━━━━━ Exercise data ━━━━━

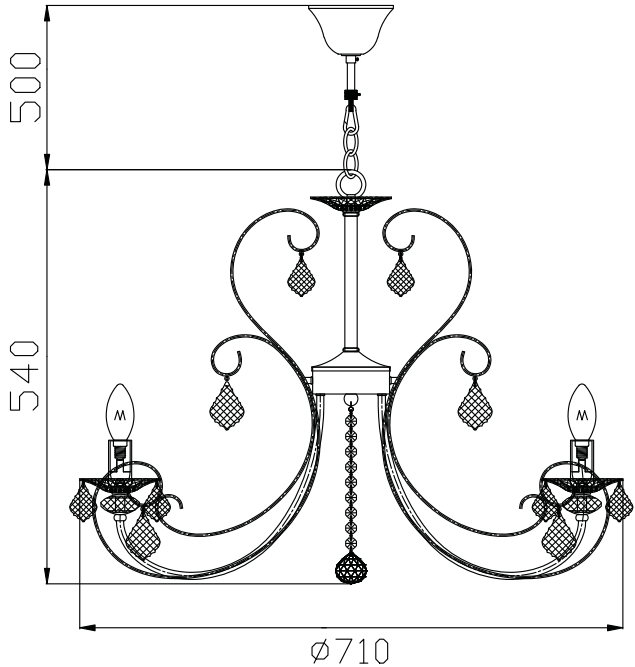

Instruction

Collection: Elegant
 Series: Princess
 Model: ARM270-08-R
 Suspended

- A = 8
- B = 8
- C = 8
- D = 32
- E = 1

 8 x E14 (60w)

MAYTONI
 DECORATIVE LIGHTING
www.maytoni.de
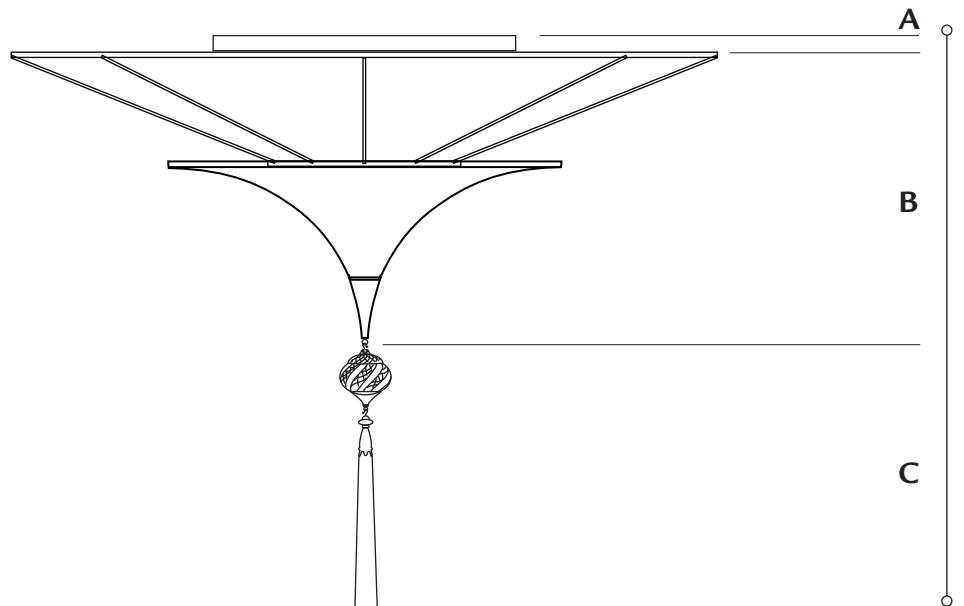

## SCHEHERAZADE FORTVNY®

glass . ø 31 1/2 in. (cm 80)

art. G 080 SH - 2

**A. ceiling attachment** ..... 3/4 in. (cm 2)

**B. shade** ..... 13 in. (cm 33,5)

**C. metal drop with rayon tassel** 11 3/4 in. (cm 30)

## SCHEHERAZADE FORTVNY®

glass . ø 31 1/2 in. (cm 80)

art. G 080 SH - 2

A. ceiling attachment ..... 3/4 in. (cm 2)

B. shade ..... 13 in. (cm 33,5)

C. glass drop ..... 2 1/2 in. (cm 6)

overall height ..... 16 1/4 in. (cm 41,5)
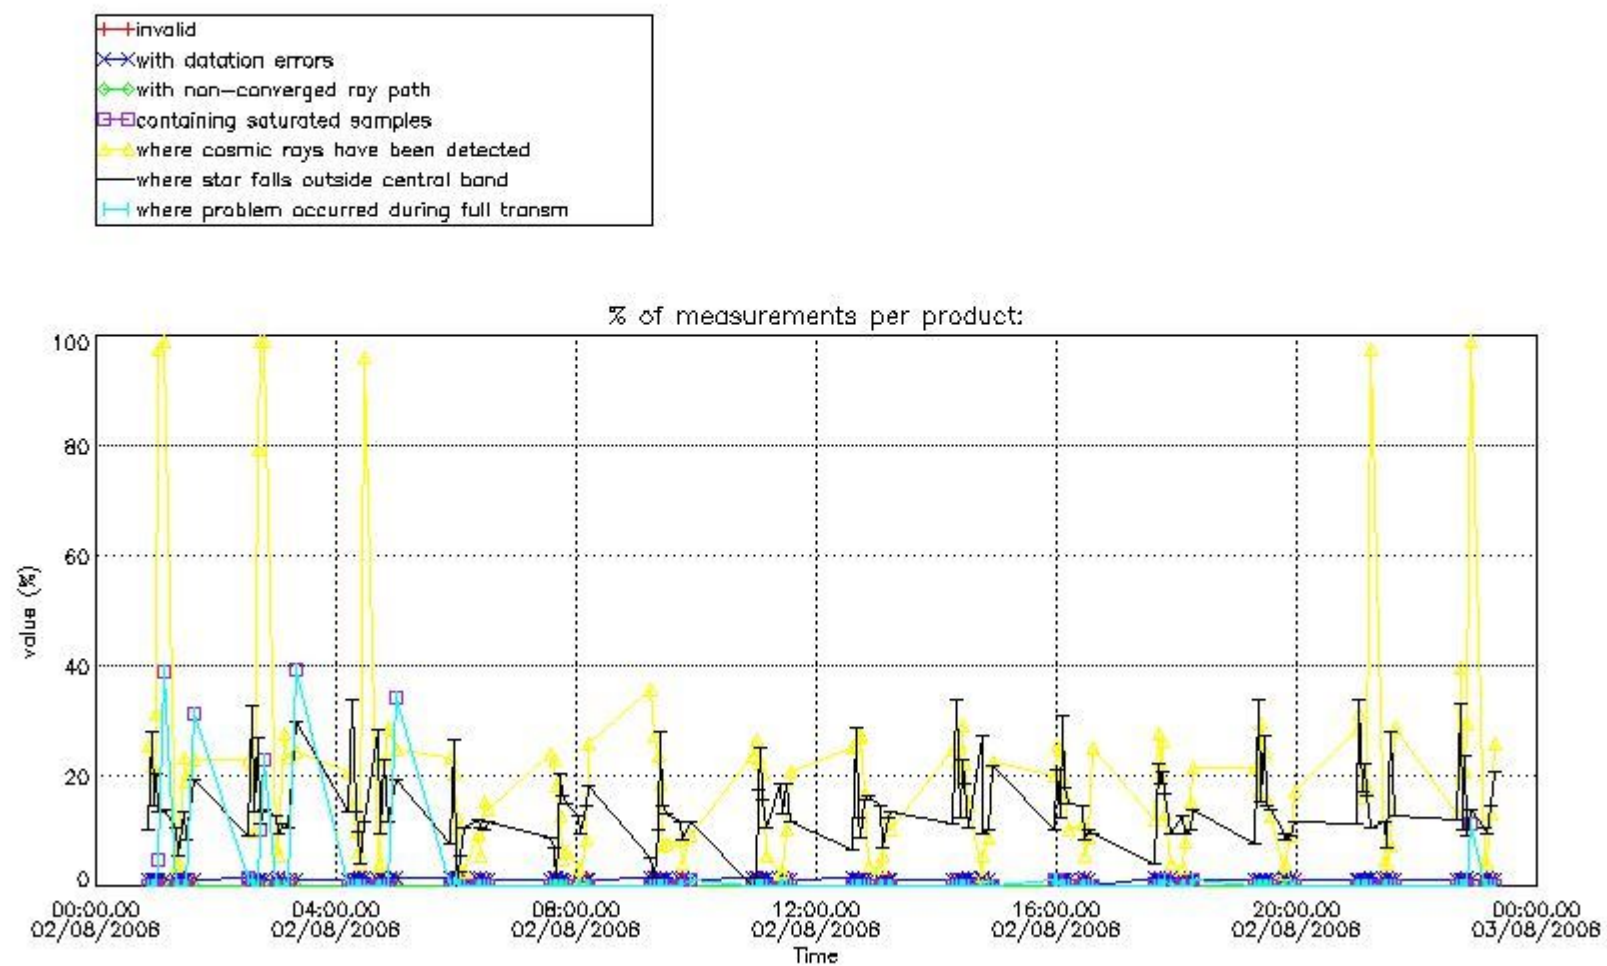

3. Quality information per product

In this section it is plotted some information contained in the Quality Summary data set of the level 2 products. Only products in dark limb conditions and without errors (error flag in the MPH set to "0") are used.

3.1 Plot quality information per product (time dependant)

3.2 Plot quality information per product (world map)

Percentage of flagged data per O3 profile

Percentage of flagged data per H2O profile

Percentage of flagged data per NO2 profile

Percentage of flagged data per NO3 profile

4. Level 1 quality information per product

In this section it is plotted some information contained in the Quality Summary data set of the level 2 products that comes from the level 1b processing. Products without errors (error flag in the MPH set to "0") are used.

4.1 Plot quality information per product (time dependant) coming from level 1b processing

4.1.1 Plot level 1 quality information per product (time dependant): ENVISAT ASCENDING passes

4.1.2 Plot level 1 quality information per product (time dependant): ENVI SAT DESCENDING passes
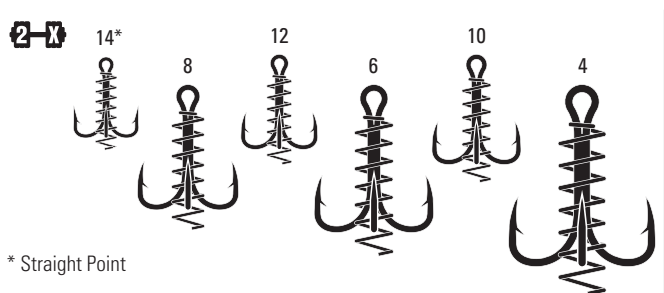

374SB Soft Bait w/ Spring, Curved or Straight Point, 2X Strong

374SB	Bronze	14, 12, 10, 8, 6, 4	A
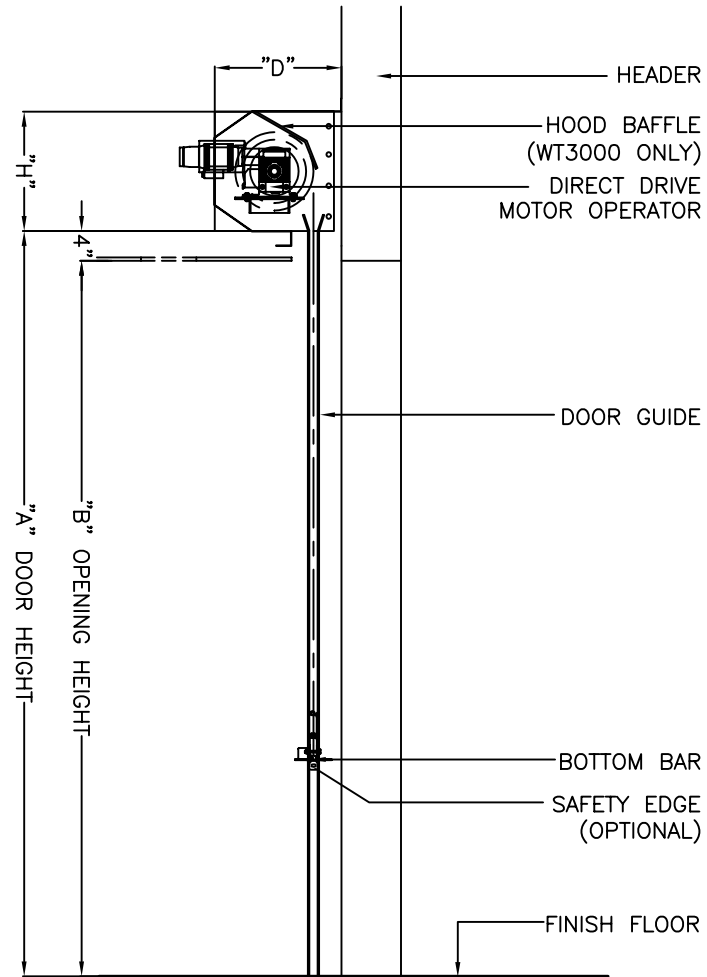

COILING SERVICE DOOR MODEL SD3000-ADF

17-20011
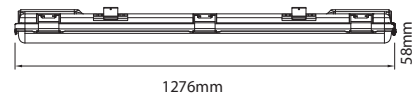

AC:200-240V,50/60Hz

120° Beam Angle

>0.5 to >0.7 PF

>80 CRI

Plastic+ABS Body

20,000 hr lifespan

━━━━━

Activity: Work from the entries above. Set down exactly and only the lines from the line with "Model: ARM270-08-R" to the line with "A. ceiling attachment ..... 3/4 in. (cm 2)", both included, and leave the pictures out.

Written answer:
 Model: ARM270-08-R
 Suspended

- A = 8
- B = 8
- C = 8
- D = 32
- E = 1

 8 x E14 (60w)

MAYTONI
 DECORATIVE LIGHTING
www.maytoni.de

## SCHEHERAZADE FORTVNY®

glass . ø 31 1/2 in. (cm 80)

art. G 080 SH - 2

**A. ceiling attachment** ..... 3/4 in. (cm 2)

**B. shade** ..... 13 in. (cm 33,5)

**C. metal drop with rayon tassel** 11 3/4 in. (cm 30)

## SCHEHERAZADE FORTVNY®

glass . ø 31 1/2 in. (cm 80)

art. G 080 SH - 2

A. ceiling attachment ..... 3/4 in. (cm 2)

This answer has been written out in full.